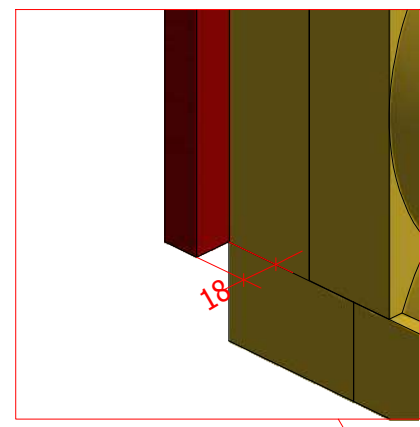

Sauna cabin 9.2 m² with extension

Sauna cabin 9.2 m² with extension

Sauna cabin 9.2 m² with extension

Sauna cabin 9.2 m² with extension

Screws			
1	S1	5x100	16 pcs

Sauna cabin 9.2 m² with extension

Screws

1	S2	4x70	48 pcs

2.1

2.2

Sauna cabin 9.2 m² with extension

Screws

1	S2	4x70	28 pcs
2	S3	3.5x45	42 pcs

Sauna cabin 9.2 m² with extension

Screws

1	S2	4x70	56 pcs

§ Instructions for the task
If a record contains a picture, drop the picture and repeat the rest exactly.

§ Exercise output
Sauna cabin 9.2 m² with extension

Sauna cabin 9.2 m² with extension

Sauna cabin 9.2 m² with extension

Sauna cabin 9.2 m² with extension

Screws			
1	S1	5x100	16 pcs

Sauna cabin 9.2 m² with extension

Screws

1	S2	4x70	48 pcs

2.1

2.2

Sauna cabin 9.2 m² with extension

Screws

1	S2	4x70	28 pcs
2	S3	3.5x45	42 pcs

Sauna cabin 9.2 m² with extension

Screws

1	S2	4x70	56 pcs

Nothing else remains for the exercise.